▸ What the exercise asks
From the entries below, report how many lines contain the string "Martin". Give only that number.

Information given below:

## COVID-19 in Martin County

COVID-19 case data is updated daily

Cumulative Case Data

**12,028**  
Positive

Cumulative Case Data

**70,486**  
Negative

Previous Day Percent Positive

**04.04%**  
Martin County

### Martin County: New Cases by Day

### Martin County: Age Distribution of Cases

End of Information given.

▸ Solution to this exercise
4